[Opening Data records section]

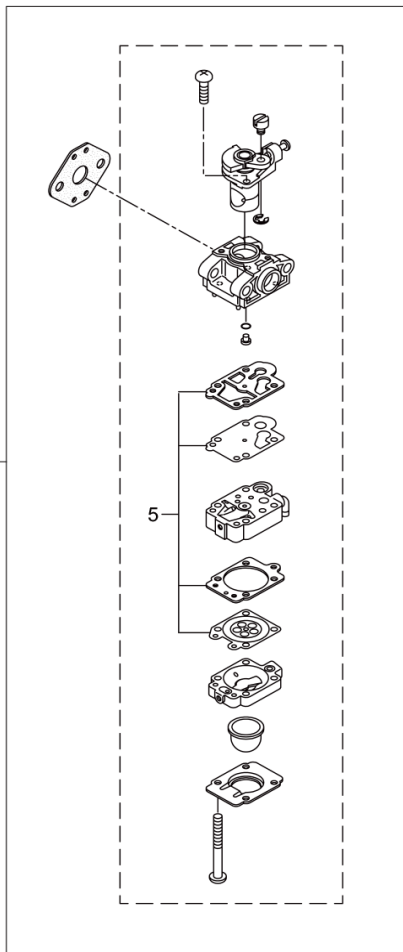

PARTS LIST

PP2430

CONTENTS

1. PARTS KIT	1
2. MAIN BODY	3
3. PRUNER HEAD	5
4. ENGINE	7
5. CARBURETOR, FUEL TANK	11
6. ACCESSORIES	13

2021. 02.

MARUYAMA

P/N 524387-3

PP2430
1. PARTS KIT

- 1 -

1

Status	Position	Parts Number	Parts Name	Unit Quantity	Set Unit Quantity	Specification	Remarks	Maker code
	1	247684	CYLINDER KIT	1	5	EE232/EE233		
	2	247685	PISTON KIT	1				
	3	246924	CLUTCH KIT	1	5			
	4	247873	CARBURETOR KIT	1	5	EE232/EE233	Incl.5	
	5	247867	CARBURETOR PARTS KIT	1	5			
	6	247864	FUEL HOSE/FILTER KIT	1	5			

PP2430
2. MAIN BODY

- 3 -

1

Status	Position	Parts Number	Parts Name	Unit Quantity	Set Unit Quantity	Specification	Remarks	Maker code
	1	364669	PP2430(EU01)	1				
	2	221473	CLUTCH HOUSING ASSY	1		BC23DX	Incl.3-5	
	3	221474	CLUTCH HOUSING	1		M5 M6 ケワウ		
	4	016405	BEARING #6200ZZ	1		#6200ZZ	#6200ZZ	
	5	013825	SNAP RING	1		アサヨウ30	#30	
	6	261612	CAP SCREW	1		M5X30	M5x30	

Status	Position	Parts Number	Parts Name	Unit Quantity	Set Unit Quantity	Specification	Remarks	Maker code
	7	219435	DRIVESHAFT TUBE	1		24XT1.6		
	8	226399	DRIVESHAFT ASSY	1		BST23(MUS)		
	9	229091	CLUTCH DRUM ASSY	1		54XM7		
	10	235078	Throttle Lever Assy (235078)	1				
	11	215533	HANGING BRACKET ASSY	1		(24)フナキホルト	Incl.12	
	12	261762	SCREW	1		M5X14J	M5x14	
	13	238190	GRIP	1		(20)X(32)X350L	20x32x350L	
	14	239431	NAME PLATE	1		PP2430	PP2430	
	15	238749	MARK	1		フルーナヨウ/CE		
	16	225384	LABEL	1		109 ㊦ハ`ル A	109dBA	
	17	261250	CAP SCREW	4	5	M5X20	M5x20	
	18	220533	SHOULDER STRAP ASSY	1		Y95 1700Lフナツチ	Incl.19	
	19	231657	HOOK	1		NO.07017D

[Closing Data records section]

Exercise details: Each line of the records above that contains the word "HOUSING" should be counted; give the resulting number without further words.

Answer space: 2